**TASK BRIEF:** Look below for the line containing "Corner Clip", then write out that line and every line after it to the end, exactly, minus the pictures.
═════ RECORDS SUPPLIED ═════
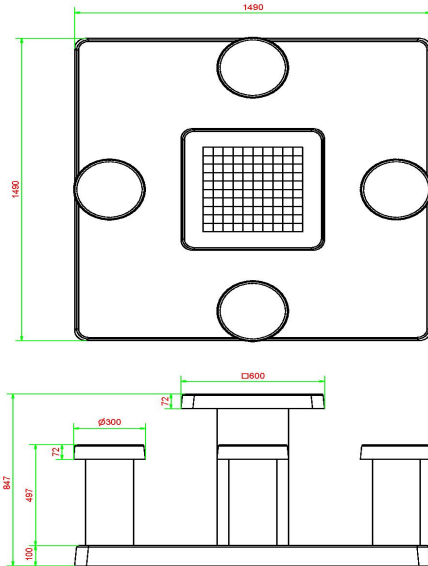

HeBlad
www.HeBlad.com
GT.CK.4

± 900 KG.

Specifications Checkers/Drafts Table Natural Concrete (4P)

Product code	GT.CK.4	Tabletop thickness	7 cm
Colour	Natural concrete	Height tabletop	75 cm
Dimensions (L x W x H)	149 x 149 x 85 cm	Seat height	50 cm
Dimensions tabletop (L x W)	60 x 60 cm	Dimensions base plate (L x W x H)	149 x 149 x 100 cm
Game dimensions	41,5 x 41,5 cm	Weight	900 kg

Related products

Our products are delivered from our factory in the Netherlands.
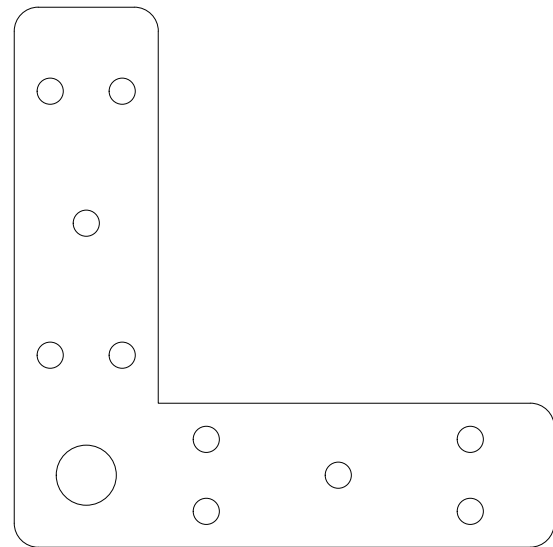

4

3

2

1

B

B

A

A

A

A

Corner Clip
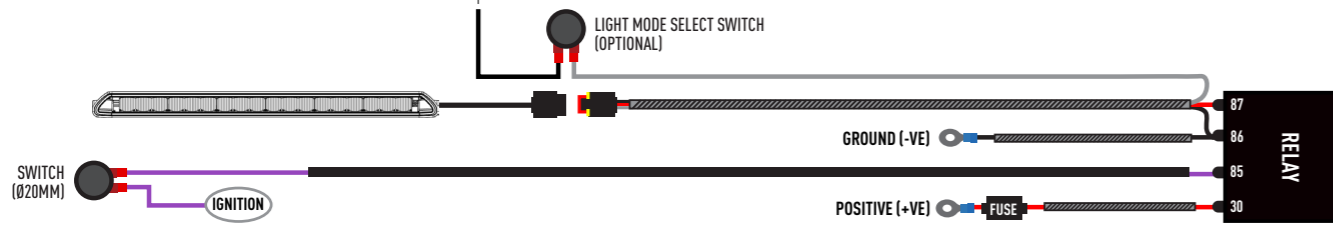

ELECTRICAL CONNECTION

LINEAR-18 ELITE (WITH DRL)

Customer's have the option to connect to a positive battery or ignition feed. Connecting to the ignition feed, the light will only operate with the ignition turned on.

LINEAR-18 ELITE I-LBA

Customer's have the option to connect to a positive battery or ignition feed. Connecting to the ignition feed, the high beam function will only operate with the ignition turned on.

LINEAR-18 ELITE+

Please see the lamp instructions for mode select point.

Customer's have the option to connect to a positive battery or ignition feed. Connecting to the ignition feed, the light will only operate with the ignition turned on.

Additionally - Kit Includes:

- 1x Linear-18 LED Lightbar
- 1x One-Lamp Wiring Kit

TOOLS REQUIRED

TORQUE VALUES

The code is written on the inside of each bracket.

INSTALLATION PROCESS - The grille will need to be removed from the vehicle (Steps 1 - 4). For a comprehensive grille removal guide, please see vehicle manufacturer's guide.
═════
**OUTPUT:**
Corner Clip

ELECTRICAL CONNECTION

LINEAR-18 ELITE (WITH DRL)

Customer's have the option to connect to a positive battery or ignition feed. Connecting to the ignition feed, the light will only operate with the ignition turned on.

LINEAR-18 ELITE I-LBA

Customer's have the option to connect to a positive battery or ignition feed. Connecting to the ignition feed, the high beam function will only operate with the ignition turned on.

LINEAR-18 ELITE+

Please see the lamp instructions for mode select point.

Customer's have the option to connect to a positive battery or ignition feed. Connecting to the ignition feed, the light will only operate with the ignition turned on.

Additionally - Kit Includes:

- 1x Linear-18 LED Lightbar
- 1x One-Lamp Wiring Kit

TOOLS REQUIRED

TORQUE VALUES

The code is written on the inside of each bracket.

INSTALLATION PROCESS - The grille will need to be removed from the vehicle (Steps 1 - 4). For a comprehensive grille removal guide, please see vehicle manufacturer's guide.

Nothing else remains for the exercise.